Tire seu joelho do pescoço

Prefiro ler e votar com raiva do que experimentar novamente, em novembro, as conseqüências da complacente ignorância liberal.

Tire seu joelho do pescoço Manifestantes cantando no Cadman Plaza Park, no Brooklyn, na quinta-feira.Crédito...Demetrius Freeman para o New York Times Notícia do dia 06/06/2020

Marcus Delespinasse, de olhos cansados, fica na Broadway no final da tarde. “A cultura da América”, ele me diz depois que me aproximei dele na rua, “é que não há problema em tratar os negros dessa maneira. Aquele policial sabia que George Floyd não conseguiria. Ele ainda manteve o joelho lá.
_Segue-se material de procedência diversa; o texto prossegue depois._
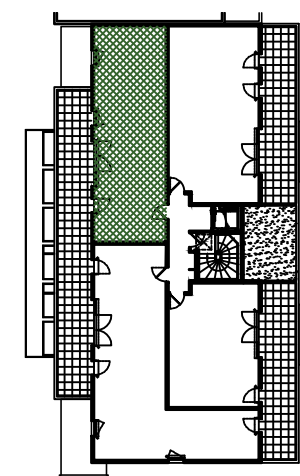

LEGENDE

Soffite hsp mini 220

Urban Parc

VANNES

Appartement n°	C403	Surface Habitable
NIVEAU	ATTIQUE	
TYPE	T3	
ENTREE + PL		3,26 m ²
SEJOUR + CUISINE		25,23 m ²
CHAMBRE 1 + PL		13,20 m ²
CHAMBRE 2		9,56 m ²
DEGT. + PL		3,38 m ²
SALLE D'EAU		5,69 m ²
WC		2,05 m ²
TOTAL SURFACES		62,37 m²
TERRASSE		23,04 m ²
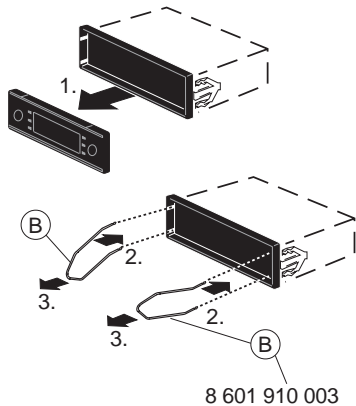

Bir amplifikatörün veya değiştiricinin takılması durumunda, Line-In (hat girişi) veya Line-Out (hat çıkışı) fişi bağlantısı kurulmadan önce, kesinlikle cihazın şasi (toprak) bağlantıları kurulmalıdır.

Birlikte verilen montaj ve bağlantı parçaları

1.

2.

3.

Araca özgü adaptör kablosu yetkili satıcılardan temin edilebilir.

4.

Sökülmesi

5.

6.

A		B	
1	nc	1	Speaker out RR+
2	Radio/Tel. mute	2	Speaker out RR-
3	nc	3	Speaker out RF+
4	Permanent +12V	4	Speaker out RF-
5	Aut. antenna	5	Speaker out LF+
6	nc	6	Speaker out LF-
7	Kl.15/Ignition	7	Speaker out LR+
8	Ground	8	Speaker out LR-

C					
C1		C2		C3	
1	Line Out LR	7	nc	13	CDC-Data - In
2	Line Out RR	8	nc	14	CDC-Data - Out
3	Line Out / Ground	9	nc	15	Permanent +12V
4	Line Out LF	10	RC +12V	16	+12V
5	Line Out RF	11	Remote Control	17	Bus / GND
6	+12V Amplifier	12	RC - GND	18	AF / GND
				19	Line In - L
				20	Line In - R
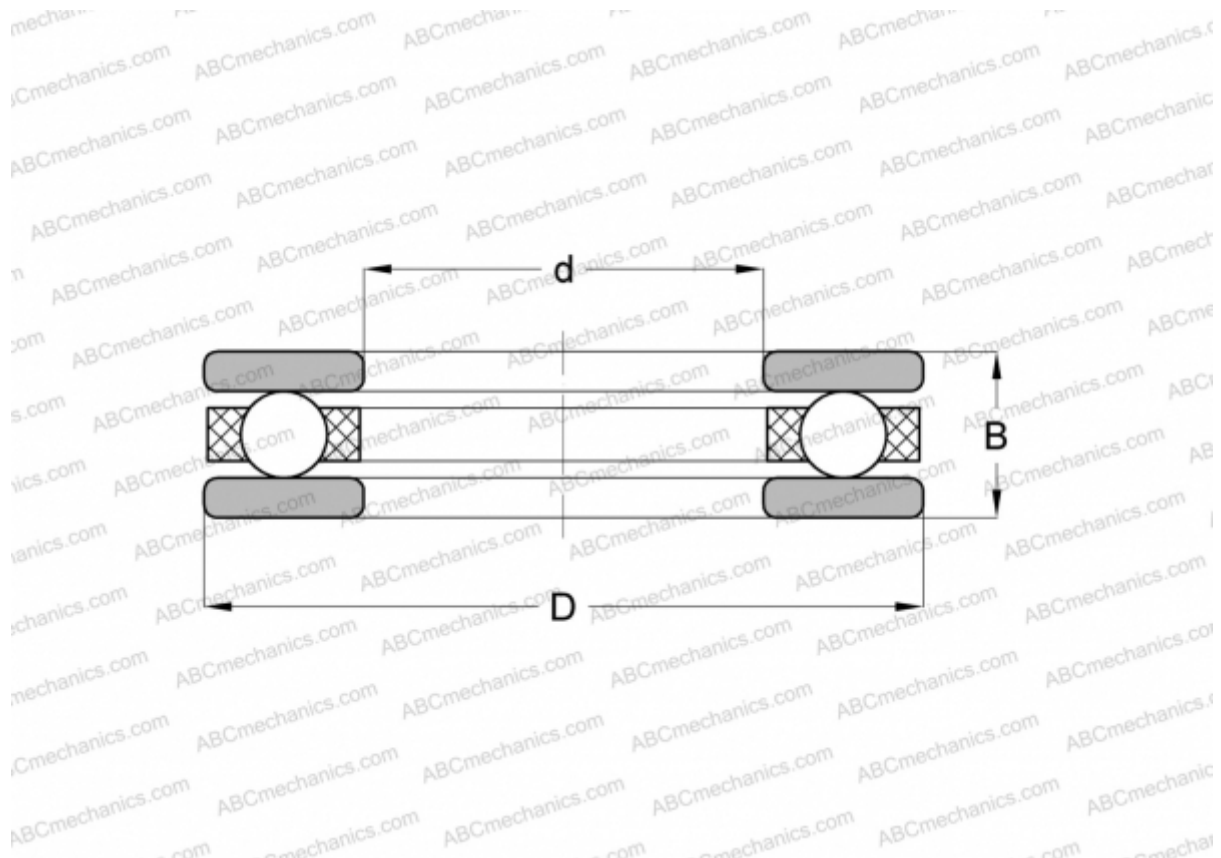

DM70 INA

Упорные шарикоподшипники

ТИП: Шарикоподшипники, Упорные, Одностороннего действия, Разъемные, канавка на дорожке качения

Технические характеристики

РАЗМЕРЫ, ММ

d	70,000
D	122,000
B	41,500

МАССА, КГ 2,014
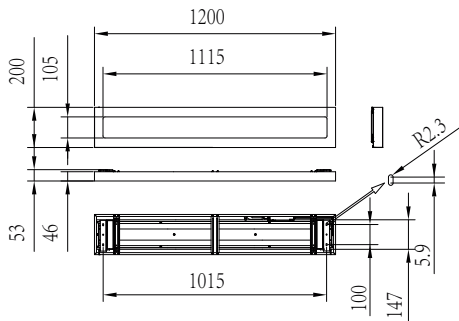

CoreLine utanpåliggande gen 4

Måttskiss

Sim, Derek Chauvin, que foi acusado de assassinato em segundo grau, manteve o joelho no pescoço de Floyd por quase nove minutos . Um homem branco poderoso asfixiando um homem negro impotente, uma cena com uma longa história americana, parte da iconografia do país. Chauvin era um oficial de treinamento para os outros policiais no local. Sua expressão alegre dizia: "Assista-me matar".

"Tire o joelho do pescoço", é a frase do Rev. Al Sharpton para a insurreição de 2020. O "joelho" já existe há algum tempo. Foi na cláusula de três quintos da Constituição que estabeleceu o valor censitário de um escravo em 60% de um ser humano livre. O “joelho” é a escravidão, Jim Crow, o linchamento e a segregação nas escolas, nos transportes e nos bairros, e assim por diante, através de todas as inflexões da opressão sistêmica do estado dos afro-americanos, o que permitiu a Chauvin acreditar que ele tinha o direito como homem branco. para fazer o que ele fez.
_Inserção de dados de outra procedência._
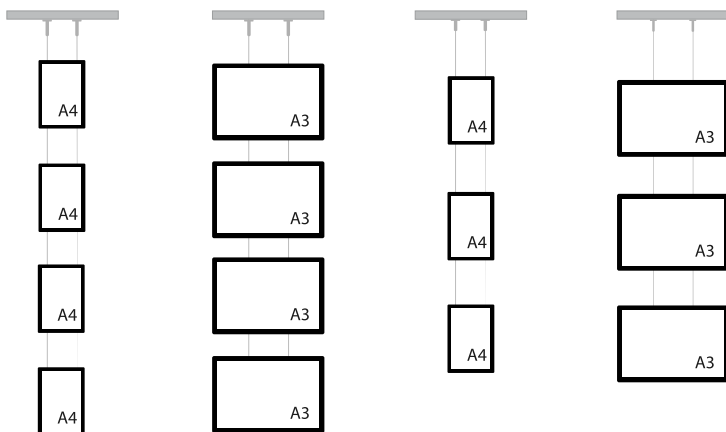

**DOBLE CARA**

**Con apertura magnética**

el diseño magnético sellado, facilita el cambio de imágenes

**Con iluminación tecnología LED**

**1**

Expositor 4 DIN A4

**284,65€**

**2**
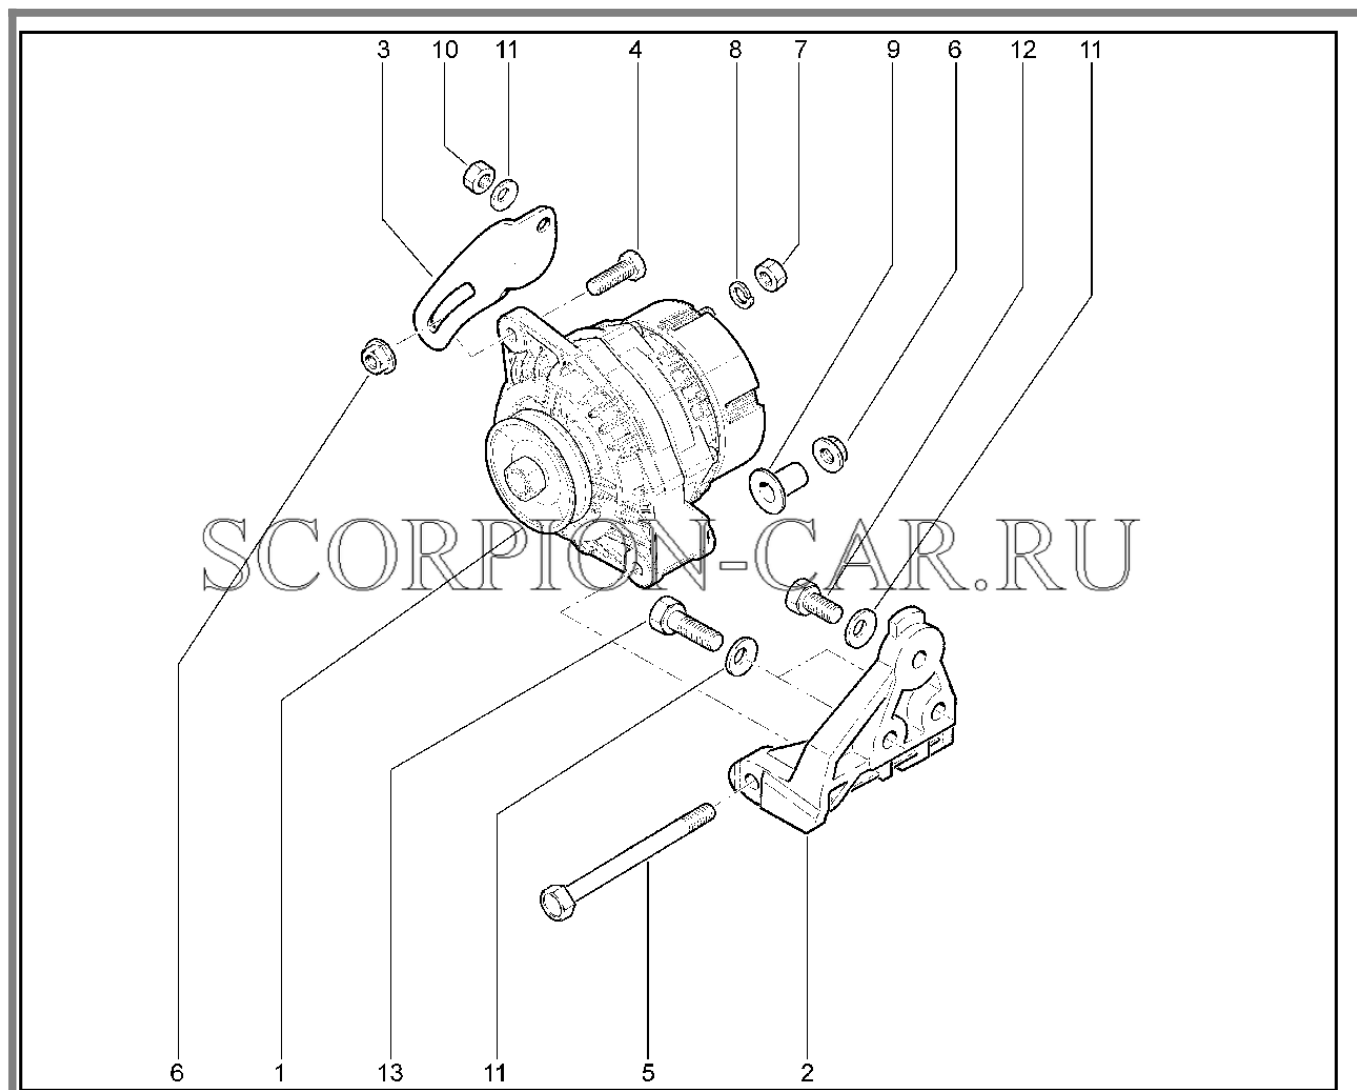

173110. ГЕНЕРАТОР С АРМАТУРОЙ

№	Каталожный номер	Доп. номер	Наименование	Номер замены
1	21214-3701010-00	8450058164	Генератор	21214370101001
1	21214-3701010-01	8450078839	Генератор	21214370101000
1	21214-3701010-10	8450074998	Генератор	21214370101011
1	21214-3701010-11	8450078914	Генератор	21214370101010
1	8450083221		Генератор	
1	8450083222		Генератор	
2	21214-3701650-00	8450037188	Кронштейн крепления генератора	
3	21214-3701635-00	8450058166	Планка генератора	
4	00001-0060436-21	8450006078	Болт м8х25	

Каталог предоставлен сайтом scorpion-car.ru. При размещении каталога ссылка на страницу загрузки обязательна!

"Ser negro na América não deve ser uma sentença de morte", disse Jacob Frey, prefeito de Minneapolis, a cidade liberal onde Floyd foi morto . Ele tinha que dizer isso mais de meio século depois do movimento pelos direitos civis. Pense nisso.
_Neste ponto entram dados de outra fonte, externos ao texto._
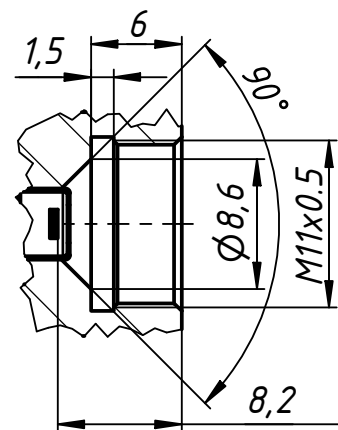

ODAv-05A

АВЕСТА

ЛАЗЕРЫ И ОПТИЧЕСКИЕ СИСТЕМЫ

Окно диода
Внешняя резьба M25x1 - 6
Внутренняя резьба M11x0.5 - 5

Кнопки
регулировки усиления

Отверстия под крепеж
M6x1 - 6

Вход питания

Индикатор работы

Радиочастотный выход
SMA

A (2:1)

Расстояние до
фоточувствительной
поверхности

					ODAv-05A			
Изм.	Лист	№ докум.	Подп.	Дата	Лавинный фотоприемник	Лит.	Масса	Масштаб
Разраб.							0,3	1:1
Пров.						Лист	Листов	1
Т. контр.						ООО		
Н. контр.						"АВЕСТА-ПРОЕКТ"		
Утв.					Формат А3			
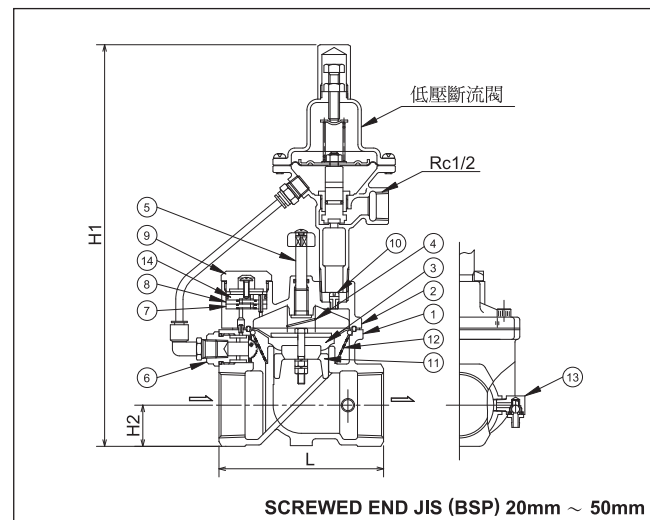

KKK BRONZE VALVES

衡壓式液壓水位控制閥 : Model DH

● 尺寸・規格:內螺紋式 單位:mm

連接規格 : JIS B 0203					
口 徑	20	25	32	40	50
L	90	100	110	120	140
H1	267	269	291	295	308
H2	19	21	26	30	37
END	3/4"	1"	1 1/4"	1 1/2"	2"

● 尺寸・規格:法蘭盤式 單位:mm

連接規格 : JIS B 2240							
口 徑	65	80	100	150	200	250	300
L	250	284	344	460	510	630	750
H1	396	423	447	540	570	670	735
H2	87.5	92.5	105	140	165	200	222.5
法蘭盤	JIS 10K						

連接規格 : ISO 7005 3 (BS-4504)							
口 徑	65	80	100	150	200	250	300
L	250	284	344	460	510	630	750
H1	401	430.5	452	542.5	575	672.5	742.5
H2	92.5	100	110	142.5	170	202.5	230
法蘭盤	PN16						

● 材 質:

No.	零件名稱	材 質	No.	零件名稱	材 質
1	閥 體	CAC406	9	水流調節片套組螺帽	C3604BD
2	閥 蓋	CAC406	10	節 流 器	C3604BD
3	隔 膜 片	EPDM	11	導 向 件	CAC406
4	彈 簧	SUS304	12	過 濾 器	SUS304
5	流量調節棒	C3604BD	13	真空破壞器	C3604BD
6	接頭式過濾器	C3604BD	14	水流調節片C	C3604BD
7	水流調節片A	C3604BD/POM	15	閥 座	SUS304
8	水流調節片B	C3604BD/POM

Tire seu joelho do pescoço.

Com 52 anos e desempregado, Delespinasse é negro. Sinto desespero ao escrever essa frase. Fulano é branco. Fulano é preto. Todos esses parênteses passando pela cópia, o refrão do fracasso. Para explicar exatamente o que? Fratura social da América; Pecado original da América; A vergonha da América de que a vida, a liberdade e a busca da felicidade nunca foram igualmente concedidas a seus cidadãos. Eu poderia ter escrito: Com 52 anos e desempregado, Delespinasse é um ser humano. Pessoas como Chauvin ainda não conseguem ver isso.

"Você olha para o vídeo e pensa que poderia ser eu, ou meu primo ou meu tio", diz Delespinasse. “A polícia tem impunidade. Não é de admirar que os jovens estejam enfurecidos. Aquele policial com o joelho apoiado ali resume a selvageria da apatia branca.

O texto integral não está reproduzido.